I have a Dockerized server that uses some Let's Encrypt certificates. Originally I had problems getting the Apache authenticator to work properly and in the end the only thing that did work was a manual DNS authentication.
Now it's time to renew the certificates and I got into problems again (I really would like the automated thing to work).
On all renewals I get:
unexpected error: Unable to save to file!. Skipping.
The log output is:
2017-11-07 18:25:31,216:DEBUG:certbot.renewal:Traceback was:
Traceback (most recent call last):
File "/usr/lib/python3.6/site-packages/certbot/renewal.py", line 425, in handle_renewal_request
main.renew_cert(lineage_config, plugins, renewal_candidate)
File "/usr/lib/python3.6/site-packages/certbot/main.py", line 743, in renew_cert
_get_and_save_cert(le_client, config, lineage=lineage)
File "/usr/lib/python3.6/site-packages/certbot/main.py", line 80, in _get_and_save_cert
renewal.renew_cert(config, domains, le_client, lineage)
File "/usr/lib/python3.6/site-packages/certbot/renewal.py", line 297, in renew_cert
new_certr, new_chain, new_key, _ = le_client.obtain_certificate(domains)
File "/usr/lib/python3.6/site-packages/certbot/client.py", line 318, in obtain_certificate
File "/usr/lib/python3.6/site-packages/certbot/auth_handler.py", line 74, in get_authorizations
resp = self._solve_challenges()
File "/usr/lib/python3.6/site-packages/certbot/auth_handler.py", line 115, in _solve_challenges
resp = self.auth.perform(self.achalls)
File "/usr/lib/python3.6/site-packages/certbot_apache/configurator.py", line 1919, in perform
sni_response = chall_doer.perform()
File "/usr/lib/python3.6/site-packages/certbot_apache/tls_sni_01.py", line 79, in perform
self.configurator.save("Don't lose mod_config changes", True)
File "/usr/lib/python3.6/site-packages/certbot_apache/augeas_configurator.py", line 150, in save
File "/usr/lib/python3.6/site-packages/augeas/init.py", line 482, in save
raise IOError("Unable to save to file!")
OSError: Unable to save to file!
The output here is note very informative.
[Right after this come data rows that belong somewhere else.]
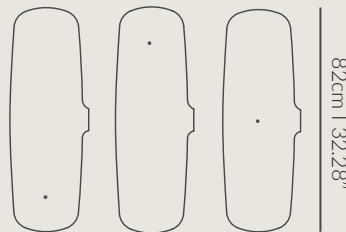

ESTANTERÍA ÚNICA

UNICA SHELF SYSTEM

nomon
JEWELRY FOR HOME

Sistema modular formado por baldas y tramos de distintas longitudes.

El conjunto se sostiene gracias a un eje central en el que de forma alterna se instalan baldas fijas a la pared y baldas libres, dotando a la estructura de rigidez a la vez que dinamismo.

Colección totalmente versátil que permite instalarse en cualquier posición, tanto a suelo como a techo.

Nomon dispone de un configurador online de estanterías Única en la siguiente dirección:

<https://nomonhome.com/configurator/model/estanteria>

It is a modular system consisting of shelves and rods of different sizes.

The system stands thanks to a central base in which you can alternate fixed shelves to the wall with floating shelves, providing strength and flexibility to the structure at the same time.

It's a very versatile collection that allows installation in any position to the floor or to the ceiling.

Nomon has an online Única shelving system configurator at the following address:

<https://nomonhome.com/configurator/model/estanteria>

Tramos y terminales: Nogal natural macizo o fresno teñido negro.

Rods & terminals: Natural solid walnut or black stained ash veneered.

Baldas: DM chapado nogal natural o fresno teñido negro.

Shelves: DM natural walnut veneered top or black stained ash veneered.

Fabricado en España de forma artesanal.

Manufactured in Spain following artisanal methods with natural solid walnut.

OPCIONES MADERA

WOOD OPTIONS

TRAMOS Y TERMINALES

RODS & TERMINALS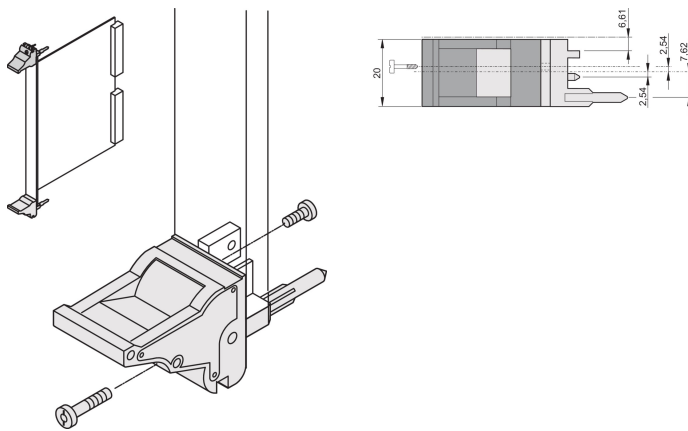

Innsetter / Extractor håndtak type IEL, svart spak, grå knapp, topp; 10 stykker

KATALOGNUMMER

20817-684

Innsetter/avtrekkshåndtak av type IEL i henhold til IEEE 1101,10. 0,1-tommers forskyvning to av disse håndtakene kan overvinne en enkelt håndtakskraft på 700N (per par).

SERTIFISERINGER

FUNKSJONER

Egnet for innsetting og ekstraksjonskrefter opp til 700 N (per par)

I henhold til IEEE 1101,10 og IEC 60297-3-102

En mikrobryter kan monteres

0,1-tommers offset brukes for PSU med SMD Plus

PRODUKTEGENSKAPER

Antall pakker: 10

Håndtakstype: IEL; Øverst foran

Antennbarhetsvurdering: UL® 94V-0

Farge: Kullsvart

Fargekode: RAL 9005

Samsvarer med: EN 45545-2

Dybde (D): 60.45mm

Høyde (H): 25.5mm

Materiale: Polykarbonat; Sinklegering

Produkttype: Håndtak

Type: Innsetter/uttrekker, 0,1-tommers forskyvning

Bredde (W): 19.8mm

Fungerer med: Frontpaneler

Gross Weight: 0.252kg

YTTERLIGERE PRODUKTDETALJER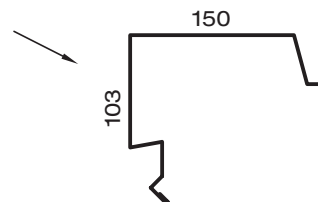

P R O J E C T

REMATES COPPO

PANELAIS
PRODUCCIONES

ACCESORIOS ACCESSOIRES

CUMBRERA DOBLE AIS NCOPPO / FAITIERE AIS NCOPPO

Desarrollo / Developpement	2x300
Largo / Largeur	3000
Obs. / Obs.	LARGO UTIL / LARGEUR UTILE 2800

CORONACIÓN TRASERA TROQUELADA AIS NCOPPO / BORD DE RIVE AIS NCOPPO

Desarrollo / Developpement	300
Largo / Largeur	3000
Obs. / Obs.	LARGO UTIL / LARGEUR UTILE 2800

CORONACIÓN LATERAL AIS NCOPPO / BANDE DE RIVE AIS NCOPPO

Desarrollo / Developpement	416
Largo / Largeur	DESDE 850 HASTA / JUSQU'À 6000
Obs. / Obs.	

FRONTAL CANALÓN AIS NCOPPO / EGOUT-CHÉNEAU AIS NCOPPO

Desarrollo / Developpement	411
Largo / Largeur	DESDE 850 HASTA / JUSQU'À 6000
Obs. / Obs.	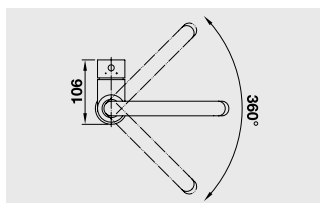

Аксессуары

Фильтр механических загрязнений

128 434

- Однорычажный смеситель
- Вращающийся излив
- Требуется отверстие под смеситель Ø 35 мм
- Керамический дисковый картридж
- Легкое подключение гибкими шлангами длиной 350 мм с гайкой 3/8"

It would be extremely helpful to know what file is actually the problem. I tried to hack away in the python code to try the get a path out, but it was not really possible since the augeas lib is a wrapper for a C lib, and I did not really have the energy to start recompiling that to get some reasonable debug messages out.
I also tried to give the root user all write permissions to the /etc/httpd and /etc/letsencrypt folders, but that didn't help. Perhaps a missing folder somewhere?
Please help me!
EDIT: I want to use the tls challenge with Apache.